Il sesto capitolo tratta di quella che la storiografia turca indica a tutt'oggi come guerra di indipendenza; la risposta vittoriosa all'espansionismo greco, sui cui incidenti di percorso come il sacco di Smirne Kemal non amò mai soffermarsi eccessivamente negli anni a seguire.
Il settimo capitolo presenta un lungo excursus sui primi otto anni di vita della Repubblica Turca: dagli armistizi del 1922 al trattato di Losanna, dal congresso di Smirne alla fine del califfato e dell'impero fino alla proclamazione della repubblica a suffragio universale, la nascita, i primi compromessi, le prime realizzazioni del nuovo stato. I bipartitismi di facciata, il rapido trasformarsi dell'assetto istituzionale in chiave autoritaria, la lotta a coltello contro il cosiddetto "oriente pittoresco" per l'occidentalizzazione intransigente della cultura materiale sono trattati diffusamente. Il discorso alla gioventù turca del 1927 e la riforma dell'alfabeto, introdotta dopo lunghi studi e adattamenti nel 1928, chiudono il capitolo.

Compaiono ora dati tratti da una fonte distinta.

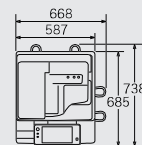

Velkokapacitní tandemový zásobník papíru PB3170

2 x 1000 listů

Přehled rozměrů

Sestava SH3070 PB3160

Sestava BU3070 + SR3150 PB3160 + RT3030

Sestava SR3130 PB3160

Sestava SR3130 + PU3040 PB3160

Sestava PB3150 Pojízdný vozík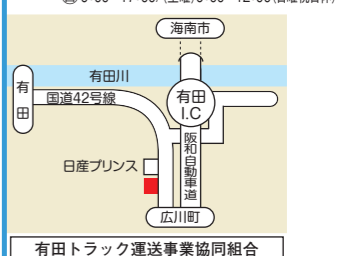

アドブルー

**743 有田トラック運送事業協同組合**  
 和歌山県有田郡湯浅町 吉川59  
 ☎(0737) 63-6577 ☎(0737) 62-4607  
 Ⓒ9:00~17:00(土曜)9:00~12:00(日曜祝日)

アドブルー 車検

**744 ルート8彦根TS**  
 滋賀県彦根市鳥居本町 2901-8  
 ☎(0749) 21-2322 ☎(0749) 21-2305  
 Ⓒ24時間営業・大型トラック駐車可能台数 1台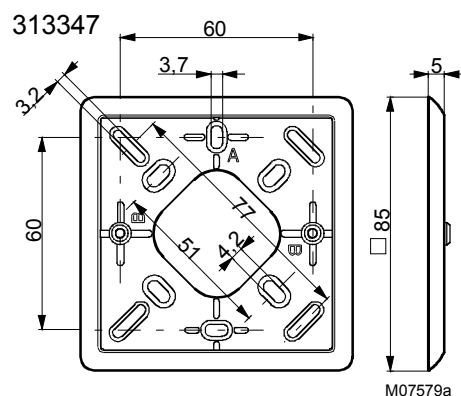

Ульяновск (8422)24-23-59

Уфа (347)229-48-12

Челябинск (351)202-03-61

Череповец (8202)49-02-64

Ярославль (4852)69-52-93

Единый адрес для всех регионов: sxr@nt-rt.ru || www.sauter.nt-rt.ru

Размерный чертеж

Аксессуары

Il Mustafa Kemal "visionario e realista" è argomento dell'ottavo capitolo: il consolidarsi di un assetto politico basato su un partito-stato detentore delle leve militari e della burocrazia che otterrà un consenso soltanto epidermico, la modernizzazione delle istituzioni, la laicizzazione condotta a passo di carica fino alla riforma del diritto di famiglia del 1934 che impose a tutti i cittadini l'adozione di un cognome: un capitolo centrato sui pregi ed i limiti di quel kemalismo il cui fondatore, di cui più volte nel testo si ricordano le abitudini di vita che sconfinavano in veri e propri abusi per la salute, andò declinando rapidamente, per morire a meno di sessant'anni.
Il nono capitolo espone succintamente la storia della Turchia successiva alla scomparsa del suo fondatore, del quale l'autore auspica la permanenza come figura de-ideologicizzata di riferimento patriottico in un momento storico in cui molte delle istanze e delle realtà geopolitiche alla base del kemalismo non esistono più o si sono radicalmente trasformate.

Fabio L. Grassi, Atatürk - Il fondatore della Tirchia Moderna, Roma, Salerno ed., 2009. 450 pp.